WASHINGTON, DC – Le pape François a dit de la corruption qu’elle est « la gangrène d’un peuple ». Le secrétaire d’État américain, John Kerry, y voit un des éléments qui entretiennent l’extrémisme (« radicalizer »), car elle « détruit la confiance en une autorité légitime ». Et le Premier ministre britannique David Cameron la considère comme « l’un des plus grands ennemis, aujourd’hui, du progrès ».

Pour le dire simplement, la corruption, c’est le détournement d’une fonction publique à des fins privées. Comme le reconnaissent de plus en plus les dirigeants, c’est une menace au développement, à la dignité humaine et à la sécurité mondiale. Lors du sommet anti-corruption, qui se tiendra à Londres le 12 mai, les dirigeants de la planète – auxquels se joindront des représentants du monde des affaires et de la société civile – auront une chance à saisir s’ils veulent faire reconnaître ce fléau.

Dans toutes les cultures et tout au long de l’histoire, la corruption a été dénoncée.
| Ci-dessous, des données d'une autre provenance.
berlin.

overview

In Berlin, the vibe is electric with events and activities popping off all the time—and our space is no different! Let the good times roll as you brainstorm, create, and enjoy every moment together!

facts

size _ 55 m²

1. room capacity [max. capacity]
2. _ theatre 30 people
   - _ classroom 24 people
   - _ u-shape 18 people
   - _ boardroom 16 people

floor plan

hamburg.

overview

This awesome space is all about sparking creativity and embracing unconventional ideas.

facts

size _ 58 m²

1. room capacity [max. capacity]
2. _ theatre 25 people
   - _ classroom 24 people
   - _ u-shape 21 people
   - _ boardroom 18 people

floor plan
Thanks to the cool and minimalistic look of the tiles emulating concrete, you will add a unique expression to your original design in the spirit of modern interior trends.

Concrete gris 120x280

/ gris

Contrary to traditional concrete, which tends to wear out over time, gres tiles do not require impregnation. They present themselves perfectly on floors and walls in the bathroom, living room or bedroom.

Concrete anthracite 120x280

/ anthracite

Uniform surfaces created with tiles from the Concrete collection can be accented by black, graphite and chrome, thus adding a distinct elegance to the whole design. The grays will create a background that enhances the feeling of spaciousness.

Elle est aussi vieille que l’État. Mais comme les autres activités criminelles, elle est devenue, au cours des dernières décennies, de plus en plus sophistiquée, et ses effets dévastateurs sur le bien-être et la dignité d’innombrables innocents n’ont fait qu’augmenter.
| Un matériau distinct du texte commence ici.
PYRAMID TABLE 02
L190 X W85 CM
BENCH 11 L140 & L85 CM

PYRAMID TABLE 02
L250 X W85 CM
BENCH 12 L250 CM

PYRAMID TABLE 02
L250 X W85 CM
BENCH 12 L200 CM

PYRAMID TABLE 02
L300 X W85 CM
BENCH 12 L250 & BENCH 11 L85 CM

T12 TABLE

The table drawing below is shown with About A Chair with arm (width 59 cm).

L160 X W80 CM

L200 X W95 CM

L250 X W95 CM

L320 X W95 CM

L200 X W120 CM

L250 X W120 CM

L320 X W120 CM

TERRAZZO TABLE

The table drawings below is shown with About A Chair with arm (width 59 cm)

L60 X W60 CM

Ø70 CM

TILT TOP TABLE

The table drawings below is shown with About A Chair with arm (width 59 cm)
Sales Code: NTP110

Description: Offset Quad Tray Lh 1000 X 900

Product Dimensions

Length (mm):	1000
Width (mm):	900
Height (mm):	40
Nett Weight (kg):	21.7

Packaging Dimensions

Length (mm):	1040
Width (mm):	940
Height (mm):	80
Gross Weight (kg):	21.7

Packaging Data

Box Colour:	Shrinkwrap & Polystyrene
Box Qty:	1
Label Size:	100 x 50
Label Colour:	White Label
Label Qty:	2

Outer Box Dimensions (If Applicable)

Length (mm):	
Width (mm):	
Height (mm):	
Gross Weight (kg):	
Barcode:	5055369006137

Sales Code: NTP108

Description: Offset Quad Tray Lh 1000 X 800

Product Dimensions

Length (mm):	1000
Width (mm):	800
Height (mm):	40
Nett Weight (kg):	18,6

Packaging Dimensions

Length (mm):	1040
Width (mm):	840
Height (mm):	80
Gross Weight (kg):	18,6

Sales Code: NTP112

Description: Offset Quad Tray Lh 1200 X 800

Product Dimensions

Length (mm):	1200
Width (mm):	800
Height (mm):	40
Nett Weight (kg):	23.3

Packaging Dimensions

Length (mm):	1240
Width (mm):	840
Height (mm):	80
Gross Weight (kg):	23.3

Pour commencer, la corruption mine les perspectives de développement. Lorsque, par exemple, la fraude aux marchés publics est rampante, lorsque les redevances d’exploitation des ressources naturelles sont subtilisées à la source, ou bien encore lorsque le secteur privé est monopolisé par un réseau fermé de copains, les populations sont spoliées de leur faculté à se choisir un avenir.